La Maison des égarées s'inscrit dans le projet 2011+10 visant à commémorer la catastrophe du séisme et du tsunami de Tohoku. Le film est pétri de louables intentions dans son traitement du trauma des survivants et d'une résilience qui passe par la reconstruction d'un noyau familial (une grand-mère recueille une orpheline et une fugueuse dans son étrange maison du bout de la colline). Mais l'exécution pêche par un manque de rythme souvent assommant, comme si refaire Totoro dans des décombres pouvait s'avérer suffisant.

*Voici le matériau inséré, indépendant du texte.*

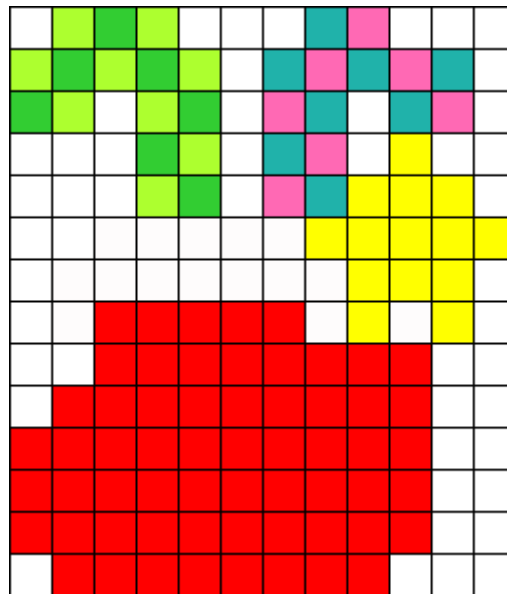

Easy Christmas Stocking Kandi Pattern

Created by: Ashley302

12 columns wide x 14 rows tall

60	15	14	9	8	7	7
----	----	----	---	---	---	---
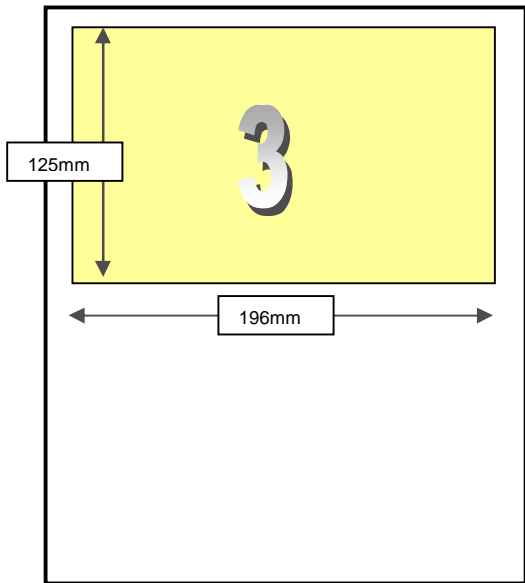

1

Full Page Advert

- All files must be supplied at 100% size
- TRIM: 216mmW x 280mmH portrait
- BLEED: Trim + 3mm on all sides
- All live matter to be within 10mm of the trim edge
- Double Page Spread to be supplied as separate pages

2

Quarter Page Advert

- All files must be supplied at 100% size
- TRIM: 93mmW x 125mmH portrait
- No Bleed

3

Half Page Advert (landscape)

- All files must be supplied at 100% size
- TRIM: 196mmW x 125mmH
- No Bleed

4

Half Page Advert (Portrait)

- All files must be supplied at 100% size
- TRIM: 93mmW x 255mmH
- No Bleed

PLEASE NOTE !

All files must be supplied as hi- resolution PDF (We support the industry standard 'Pass4Press' format).
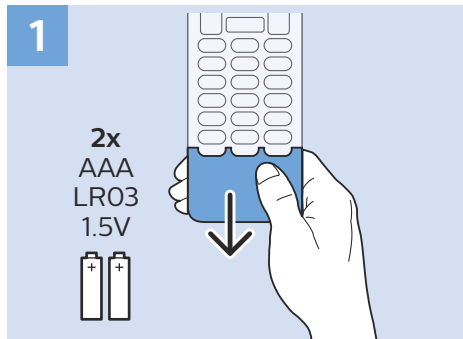

Computer - HDMI

USB Flash Drive

USB Hard Drive

Multimedia Player (UHD Video source)

Video Player - YPbPr, L/R

Bluetooth - Gamepad, Keyboard, Mouse

VESA (x, y)
49" (123 cm) 200x200 M6
55" (139 cm) 300x200 M6
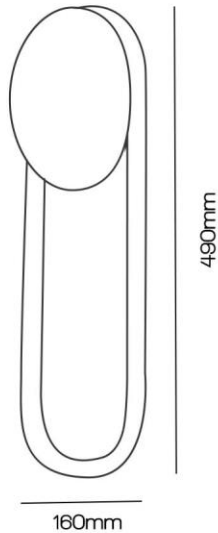

► Dimension : L400mm

CODE : WT134_600

► Dimension : L600mm

wall lamp

HOME
LUSSO |

▶ CODE : B124

HOME
LUSO

HOME |
LUSSO

CODE : D8779

- ▶ Dimension : W160*H490mm
- ▶ Iron And Aluminium
- ▶ 24W

-  Black
-  Gold
-  Silver

HOME
LUSSO |

CODE : TL_1W

wall lamp

HOME
LUSSO |

▶ Dimension :D80*H500mm
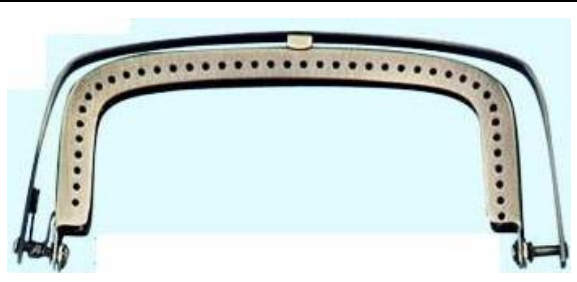

ITEM:ISPF013-9
SQURE PURSE FRAME WITH SPRING TYPE
SIZE:9CM
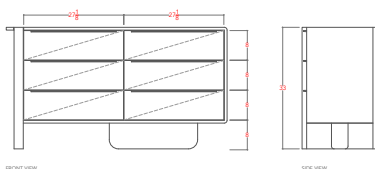

60" - 60" L x 20.5" D x 33" H

72" - 72" L x 20.5" D x 33" H

84" - 84" L x 20.5" D x 33" H

PRODUCTION: Made to Order

MADE IN: Los Angeles

MATERIALS: FSC certified Ash, Oak, Walnut

CUSTOMIZATION: Contact for More Info

The Sulaco Six Drawer Dresser features an elevated blend of Mid-Century clean lines paired with contemporary sculptural elements all while maintaining a tailored sense of asymmetry. An elegant piece for the living room, dining area or bedroom, the dresser beautifully solves a variety of storage needs with its generous 8" x 15" solid wood drawers. Available in three sizes and left or right configurations.
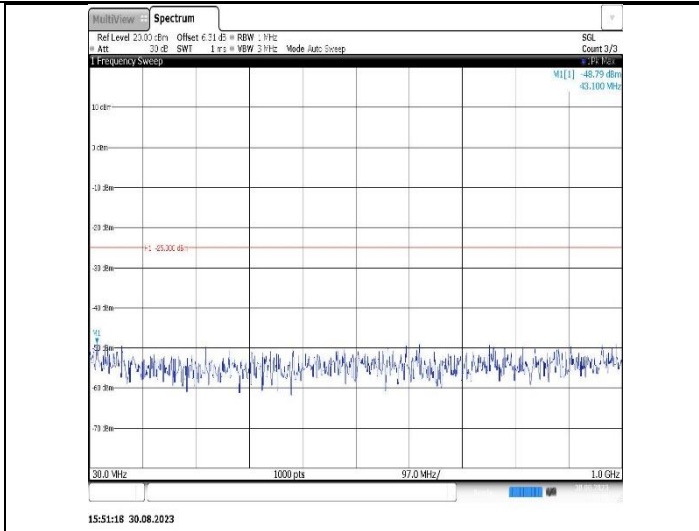

Band38-20MHz-QPSK-37850-1RB#0-Range1:30~1000MHz

Band38-20MHz-QPSK-38000-1RB#0-Range1:30~1000MHz
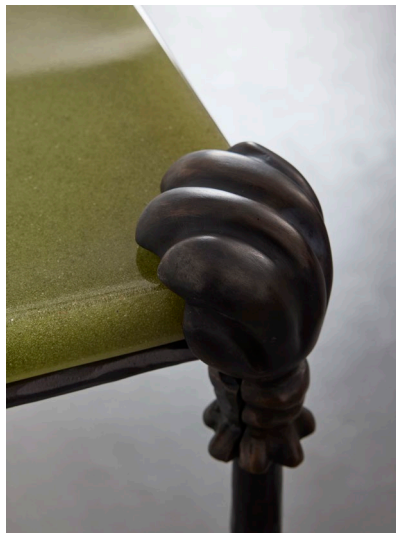

David Gill Gallery

DAVIDGILL

MATTIA BONETTI
Console 'Poston'
2023

Bronze, fer forgé, pâte de verre
H87.5 x L200 x D40 cm / H34.4 x L78.7 x D15.7 in
David Gill Gallery, limited to 24 + 2P + 2AP

DAVID GILL

MATTIA BONETTI
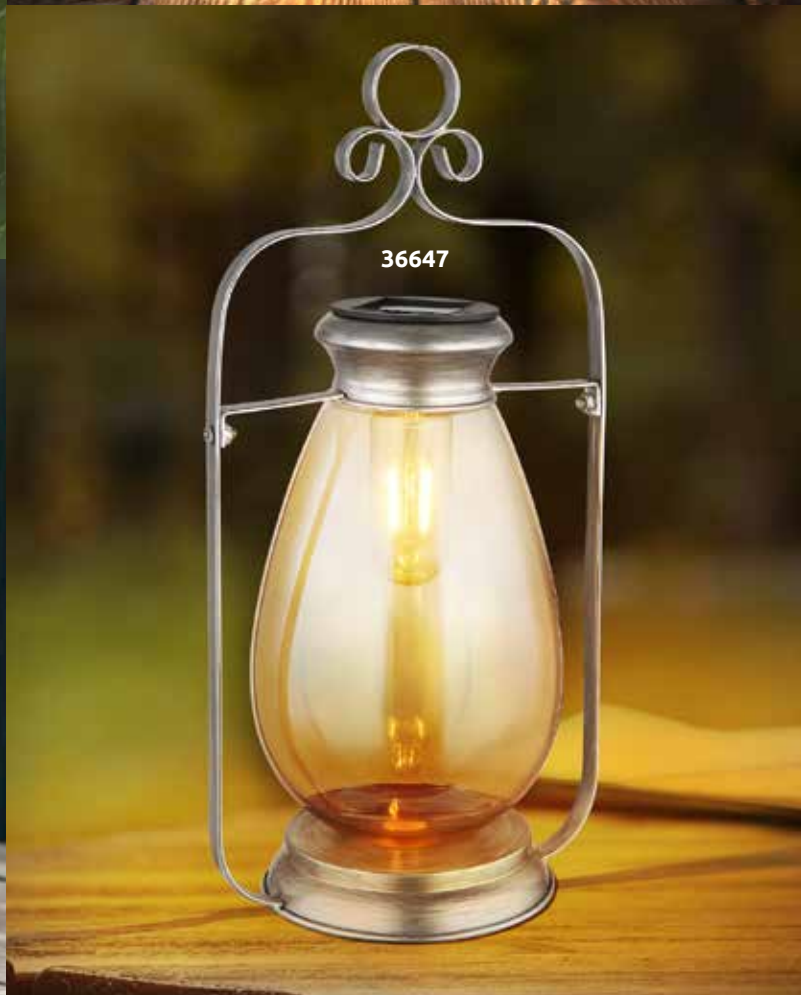

36647

36537	incl. 1x LED 2W	3000 K	VPE: 4	Ø20 cm † 28 cm	metal green / yellow metallic, plastic clear
36646	incl. 2x LED 0.5W	3000 K	VPE: 6	Ø11.5 cm † 25 cm	metal black matt, glass smoke, plastic clear
36647	incl. 1x LED 0.06W	3000 K	VPE: 6	↔ 17 cm x 15 cm † 36.5 cm	metal silver antique, glass amber

Je cite Totoro car La Maison des égarées met en scène des yokai, de survenue un peu tardive dans l'intrigue et d'intérêt scénaristique finalement limité, sauf à les voir comme un liant social traditionnel et un symbole du nécessaire retour à la Nature (avec tout ce que cela comporte de fantasmes passéistes voire réactionnaires). Surtout que ces créatures perdent au passage l'ambiguïté de leur rapport aux humains, devenant ici des protecteurs dévoués à notre cause dans la lutte contre un serpent oni incarnant la souffrance post-traumatique et la tentation de l'abandon (séquences où le film se réveille enfin).
La direction artistique est jolie, avec des décors photoréalistes de paysages campagnards et de ruines d'immeuble (qui apparaissent bien documentés) mais au final assez impersonnelle et contrastant avec le design plus sobre et passe-partout des personnages et des yokai. Il existe des interludes de conte au graphisme beaucoup plus original, presque expérimental tant certains sont confus, que l'on doit à l'animateur Bahi JD. Je trouve que la catastrophe demeure trop en arrière-plan pour parvenir à en dire quelque chose, sans doute par excès de pudeur et par volonté de destiner le film à un jeune public.
La Maison des égarées a donc plein de bonnes idées sur le papier mais le résultat est un peu décevant, à moins de se laisser happer par son ambiance de chill "Yokai Crossing" (bon résumé piqué au présentateur du film) dans laquelle flotte du trauma non-dit.
PS : l'affiche française est vraiment pas ouf.